I think it also took that for him to realize that he was too.

Christmas Eve comes around and he’s at his parents, talking to his Mom. There is nothing like a Mom to give you the truth – bluntly. When he tells her stuff has gone wrong with Nell, she isn’t afraid to tell him that he needs to rethink his actions. When he remembers the Christmas card in his bag and sees the card she sent, he knows what he needs to do.
After all she’d rather be alone together with him than anyone.
ADMIT THOSE FEELINGS
He left his parents and went to the restaurant that he knew she was going to. He’s making apologies and she’s trying to explain to him that she’s OK. He gets that she is, but he admits that he is not. Cooper doesn’t like knowing he’s hurt her. He gives her a gift – the gift being knowing she’s always meant something to him. In the box is the first fortune he got when they are Chinese food together. And in the other fortune cookie is the one for her. She had gotten a blank fortune, and he filled it in. The love that you sink is closer than you think – well sir, that’s suave.

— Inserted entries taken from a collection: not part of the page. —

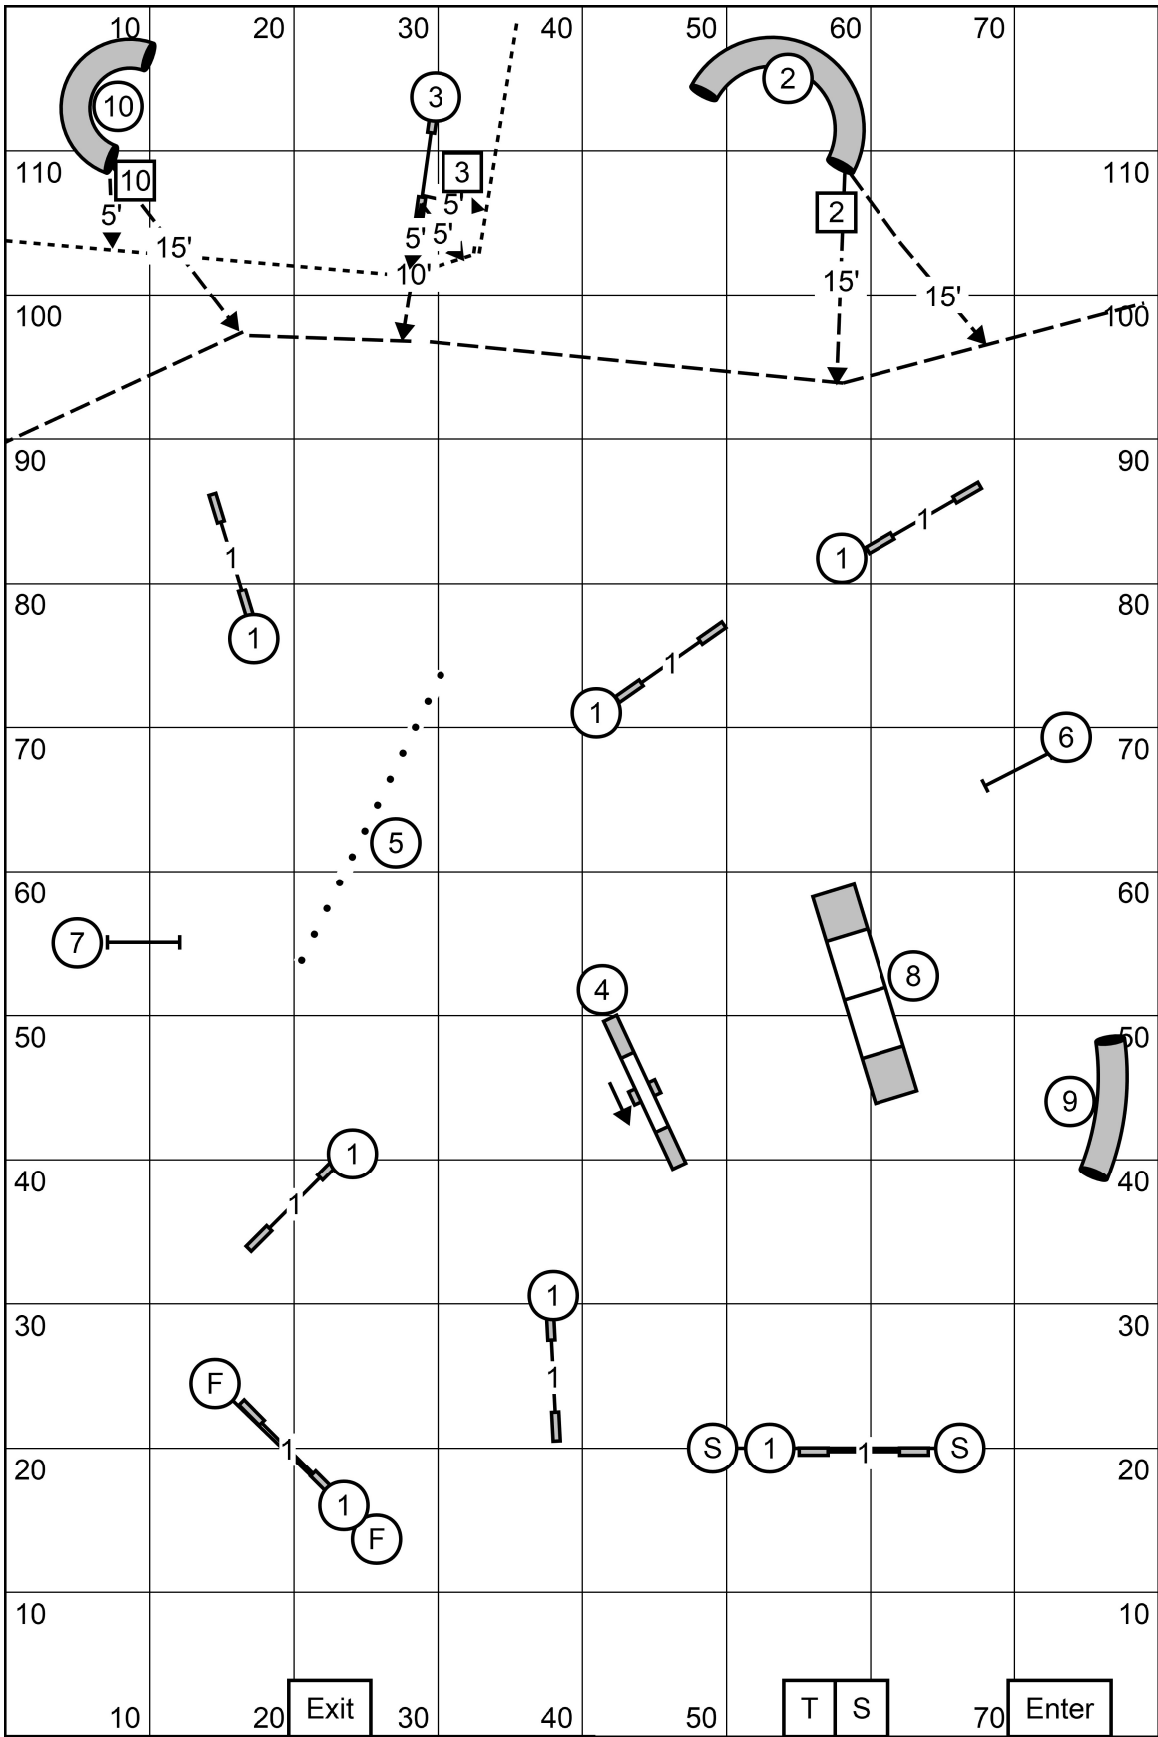

Central New York Shetland Sheepdog Club
FAST
August 6, 2022
Groton, NY
Judge: John Defilippi

Exc./Master Send: 2 3 10
Open Send: 3 10 or 10 3 in-flow
Novice Send: 3 10 or 10 3 in-flow

These two realizing that they love each other is something I had been waiting for since act one.
Now, I may still be alone on Christmas and I may not go out and show that I’m alone. Maybe I am not that comfortable with it. But maybe, just maybe, this season of Countdown to Christmas is showing me that I need to move forward and realize it’s also OK to enjoy the holidays – alone or with someone. Well played Hallmark.